Understanding of underlying pathophysiology of normal tissue damage, and the associated molecular and cellular processes that lead to long term effects such as cell death and apoptosis, can help identifying precursors of organ dysfunction, which can be explored as potential imaging biomarkers1. However, because knowledge of the normal tissue effects is incomplete, choice of imaging biomarkers is often pragmatic and markers may be identified without the researcher’s understanding the underlying molecular mechanisms. Even with incomplete understanding of underlying biology, imaging biomarkers may be successfully used as surrogate endpoints of clinical injury. In addition, they may help to elucidate the spatial and temporal development of underlying molecular processes that drive RT associated injury. Choosing imaging techniques that are sensitive to early biological processes of normal tissue damage is important.

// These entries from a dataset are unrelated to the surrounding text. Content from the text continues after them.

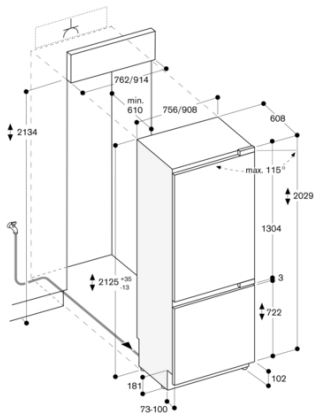

RB492305

Vario kyl-/frys-kombination serie 400
med färskyllning nära 0 °C

Helintegrerad

Nischbredd 91.4 cm, nischhöjd 213.4
cm

Kylsektion med en dörr och en fullt
utdragbar fryslåda

skapad den 2023-05-17

Sida 2

Väggavstånd RB 492/RV 492

På ritningen har skåpets front en tjocklek på 19 mm och höjden på ett skåpshandtag från Gaggenau är 49 mm.

Dörröppningsvinkel

Sockeldetalj

Sockellisten är 102 mm hög i förhållande till enhetens standardhöjd. Sockellistens maxtjocklek är 19 mm.

GAGGENAU

Acute and late normal tissue injury occurs from a complex interaction between radiation-induced death of parenchymal cells, damage to the supporting vasculature, and associated inflammatory and fibrotic reactions. Long-term depletion of tissue-specific stem cells or progenitor cells can lead to fibrosis, organ dysfunction, and necrosis1. This interaction between basic cellular and molecular process and physiological expression divides imaging assessment into two distinguished biological levels: (a) Imaging of anatomical (structural) changes in affected organs, (b) Imaging of functional, molecular and cellular processes of RT-induced injury. Topics related to these assessments and the potential for further research are discussed here.

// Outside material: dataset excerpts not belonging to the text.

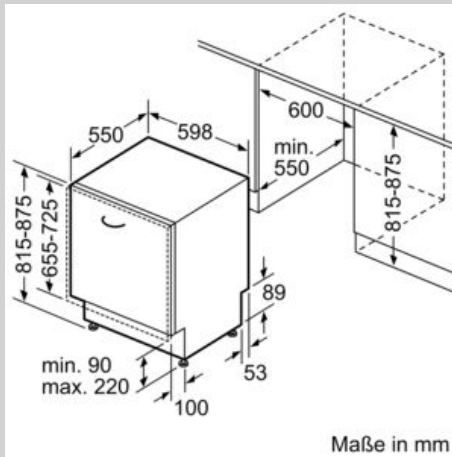

Ausstattung

Technische Daten

Energieeffizienzklasse (EU 2017/1369) : C
 Energieverbrauch des eco-Programms pro 100 Betriebszyklen (EU 2017/1369) : 75 kWh
 Höchste Anzahl von Maßgedecken (EU 2017/1369) : 14
 Wasserverbrauch in Litern im eco-Programm pro Betriebszyklus (EU 2017/1369) : 9,5 l
 Programmdauer (EU 2017/1369) : 3:55 h
 Luftschallemissionen (EU 2017/1369) : 42 dB(A) re 1 pW
 Luftschallemissionsklasse (EU 2017/1369) : B
 Bauform : Eingebaut
 Höhe der Arbeitsplatte : 0 mm
 Abmessungen des Gerätes : 815 x 598 x 550 mm
 Min. Nischenmaße für Installation (H x B x T) : 815-875 x 600 x 550 mm
 Tiefe bei geöffneter Tür (90°) : 1150 mm
 Höhenverstellbare Füße : Ja - alle von vorne
 Höhenverstellung max. : 60 mm
 Verstellbarer Sockel : Horizontal und Vertikal
 Nettogewicht : 46,1 kg
 Bruttogewicht : 48,0 kg
 Anschlusswert : 2400 W
 Absicherung : 10 A
 Spannung : 220-240 V
 Frequenz : 50; 60 Hz
 Länge Anschlusskabel : 175,0 cm
 Steckerart : Schuko-/Gardy.m.Erdung
 Länge Zulaufschlauch : 165 cm
 Länge Ablaufschlauch : 190 cm
 EAN-Nummer : 4242004253884
 Art der Installation : Vollintegrierbar

Technische Informationen und Zubehör

- Aqua Stop: eine Neff Garantie bei Wasserschäden - ein Geräteleben lang*
- Integrierter Glasschutz
- Salzeinfüllhilfe (Trichter)
- Inkl. Dampfschutz-Blech
- Gerätemaße (H x B x T): 81.5 cm x 59.8 cm x 55.0 cm

Maße in mm

2. Current approaches and status of normal tissue toxicity imaging

2.1 Anatomical imaging

Radiation therapy commonly causes changes that can be detected by planar X-ray or CT imaging. For example, in patients treated for lung or breast cancer, approximately 50–100% and 0–63%, respectively, have radiologic evidence of lung damage via chest X-ray (CXR) or CT2. These changes in imaging, however, do not necessarily correlate well with symptomatic injury. Similarly, in the liver, radiologic changes are often evident post-RT either prior to, or in the absence of, clinical symptoms3, 4. Post-RT CT and MRI can detect non-specific morphologic abnormalities in the brain that may reflect RT-induced tumor or normal tissue inflammation/necrosis, or surgery-induced changes (e.g. enhancement along the resection margin)5. A principal limitation of defining injury in this manner is that injury is often identified months to years following RT when any opportunity to intervene to ameliorate the effects has likely been lost.

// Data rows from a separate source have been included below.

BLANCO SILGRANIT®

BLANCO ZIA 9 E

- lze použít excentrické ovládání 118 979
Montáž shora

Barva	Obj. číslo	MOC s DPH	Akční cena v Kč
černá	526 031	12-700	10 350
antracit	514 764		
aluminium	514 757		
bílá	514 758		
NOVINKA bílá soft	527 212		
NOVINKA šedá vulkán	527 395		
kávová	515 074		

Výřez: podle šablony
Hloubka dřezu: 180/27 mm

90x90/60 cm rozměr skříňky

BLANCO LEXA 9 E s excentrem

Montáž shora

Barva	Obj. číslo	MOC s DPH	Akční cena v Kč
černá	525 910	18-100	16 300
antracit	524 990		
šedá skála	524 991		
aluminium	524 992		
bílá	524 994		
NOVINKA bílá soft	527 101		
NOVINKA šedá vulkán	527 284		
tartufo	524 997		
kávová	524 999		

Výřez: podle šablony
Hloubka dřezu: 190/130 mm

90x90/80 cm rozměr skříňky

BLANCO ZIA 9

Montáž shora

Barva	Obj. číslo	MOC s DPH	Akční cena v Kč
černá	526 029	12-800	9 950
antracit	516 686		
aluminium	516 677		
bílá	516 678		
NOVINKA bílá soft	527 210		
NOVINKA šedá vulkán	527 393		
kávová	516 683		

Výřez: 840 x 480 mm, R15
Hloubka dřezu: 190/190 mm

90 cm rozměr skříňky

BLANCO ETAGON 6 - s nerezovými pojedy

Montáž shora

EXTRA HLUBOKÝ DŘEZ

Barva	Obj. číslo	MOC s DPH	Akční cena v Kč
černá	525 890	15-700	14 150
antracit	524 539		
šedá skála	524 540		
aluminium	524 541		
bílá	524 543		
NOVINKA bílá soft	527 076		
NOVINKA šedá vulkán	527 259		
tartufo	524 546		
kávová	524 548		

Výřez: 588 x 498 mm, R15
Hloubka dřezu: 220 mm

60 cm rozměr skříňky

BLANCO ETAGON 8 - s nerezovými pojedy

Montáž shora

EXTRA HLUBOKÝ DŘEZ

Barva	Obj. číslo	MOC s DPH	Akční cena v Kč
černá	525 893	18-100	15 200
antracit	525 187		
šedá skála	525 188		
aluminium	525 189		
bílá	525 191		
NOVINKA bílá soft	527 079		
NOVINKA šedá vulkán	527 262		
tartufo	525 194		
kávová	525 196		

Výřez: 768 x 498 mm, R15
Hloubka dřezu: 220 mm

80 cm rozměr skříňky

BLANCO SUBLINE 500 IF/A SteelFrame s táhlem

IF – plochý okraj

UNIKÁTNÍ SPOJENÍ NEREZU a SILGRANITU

2.2 Functional and molecular imaging

Functional imaging may provide an in vivo model of RT effects on both tumors and normal tissues. The potential advantage of functional and molecular imaging over anatomic imaging is that it may be more physiologically and clinically important, and may better reflect underlying pathophysiologic processes. Many functional and molecular imaging modalities have been used to monitor normal tissue responses; the most common being fluorodeoxyglucose (FDG) PET, though other isotopes have also been used (e.g. 15O for monitoring of blood flow changes). SPECT is often used to measure perfusion but can also be used to image radiolabeled receptors over-expressed in certain tumors. MRI has become useful to assess functional metrics such as regional perfusion (i.e. in the heart), ventilation (i.e. in the lung) and metabolic states (i.e. with MR Spectroscopy). Functional MRI (fMRI) has the ability of assessing regional brain activity in response to stimuli. Data for several organ systems such as lung68, heart913, liver14, 15, brain1619 and parotid20, 21 have already revealed correlations of radiation dose with changes measurable by a variety of functional imaging modalities.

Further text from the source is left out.